Thursday, 3 April 2014

How to Choose a Consultant for your guidance

How to Choose a Consultant for your guidance
An ISO Consultant has a great deal of influence over the development of an organization’s quality system and many organizations spend a great deal of money using consultants for the sole purpose of helping them achieve ISO 9001 certification. 

How can a company have confidence that a consultant is competent and that the organization's needs and expectations will be met? 

Evaluating a Consultant

Registering an organization to ISO 9001 does not necessarily prove product quality; it proves that the organization is good at registering. All things being equal, organizations often require an ISO Consultant because they want a specialist; someone who is good at ‘registering’.

We recommend you review ISO 10019:2005; written by Technical Committee 176, titled ‘Guidelines for the Selection of Quality Management System Consultants and use of their Services.’ As the name suggests, this document provides guidance the factors to be taken into consideration when evaluating a quality management system consultant. It applies to the following:

- Organizations who wish to select a consultant
- ISO Consultants themselves, as a guide to develop their competence in consulting
- Consulting organizations, for selection of consultants

Selection Criteria

Some might argue that the ISO Consultant is merely a ‘supplier’ and should therefore be subject to ‘normal’ supplier evaluation and selection controls. Many organizations operate defined criteria for product and service suppliers but the ISO Consultant is rarely subject to the same controls which he is often responsible for implementing. Very few organizations are likely to operate a supplier evaluation process that retains approval records for their chosen consultant.

Deciding Consultant to Hire 

Always ask for references, these will allow you to determine how the ISO Consultant handled similar implementation scenarios. References usually say a lot about a consultant’s ability to deliver. You can use the questions below as a basis for developing your own formal evaluation process. Why not make it official and add the selected consultants to the approved supplier list?

- What were the outcomes of previous consulting engagements?
- Does the consultant operate a fixed way of doing things?
- Has the consultant undergone peer assessment through a professional association?
- Have they demonstrated the ability to complete assignments on budget and on time?
- Are they open to learning how your organization operates?
- Does the consultant’s experience match your implementation requirements?

If you are unsatisfied with the responses to any of these questions, ask the consultant to provide additional information. Any ISO Consultant worth their salt would rather put in additional effort than leave a client unsatisfied!

Once all the options have been considered, ask the consultant to submit a formal proposal that outlines their implementation strategy. Review the proposal with the consultant and resolve any queries you may have. Sections of the proposal may have to be rewritten to provide the desired level of assurance and to provide greater clarity. Accept the proposal only when you thoroughly understand its implications

Guidelince for Auditing Top Management and the Internal Audit

A Guide to Auditing Top Management and the Internal Audit
Organizations must audit the processes associated with top management as part of an effective internal audit program. These processes include those relating to strategic planning, the establishment of policies and objectives, ensuring effective communication and ensuring the availability of resources. 

Auditing top management is often seen as a sensitive issue but by considering each top management activity as a normal organizational process, it becomes much easier to focus on determining whether the outputs of their activities are effective. 
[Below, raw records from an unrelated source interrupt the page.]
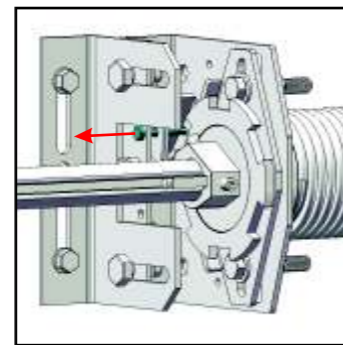

RDOC-MI-PAV-RP-HL-01

RP
HL

ИНСТРУКЦИЯ ПО МОНТАЖУ

секционные ворота РИТЕРНА

ЗАВОДСКОЙ НОМЕР
BM XXXXX-XXXX-XXX-XXXX
ОБОРОТЫ ПРУЖИНЫ XX

L - левая деталь, R - правая деталь

How to Audit Top Management

By using a formal risk-based approach to internal audit planning, as required by ISO 9001, auditors have a great opportunity to engage top management in the audit process. By making top management part of the planning process and by giving them ownership of the areas to be audited, the internal audit becomes a valuable mechanism for development.

A good starting point is to copy, into the audit checklist, all requirements from the standard that say ‘top management shall’, almost every clause of section 5 starts with ‘top management shall’ and it’s the auditors job to find if top management ‘did’. The audit checklist must cover the requirements from the following sections:

5.1 Management Commitment
5.2 Customer Focus
5.3 Quality Policy
5.4.1 Quality Objectives
5.4.2 Quality Management System Planning
5.5.1 Responsibility and Authority
5.5.2 Management Representative
5.5.3 Internal Communication
5.6 Management Review 
5.6.1 General

During the Internal Audit

When undertaking the internal audit of top management, the auditor should collect and corroborate evidence of top management’s commitment from within the quality management system itself. The auditor should ask how the quality manual addresses management commitment issues and ask how they are accomplished; then, the auditor must find objective evidence that proves it’s actually being done. This method applies to top management as well as the production machinist, and everyone else in the organization for that matter! 

If the standard, documented procedures, policies and objectives are audit inputs, then the evidence sampled and the interview statements made by top management auditees are the audit outputs. If the input does not align with the expected output, the auditor simply states this misalignment as a non-conformance whilst providing an audit trail to the supporting evidence. 

Final Reporting 

Auditors should prepare the internal audit report in a manner appropriate for presentation to top management. It might be necessary to present the executive summary of the audit report directly to the top management and other interested parties within the organization. The executive summary must highlight both positive and negative findings and suggest opportunities for improvement.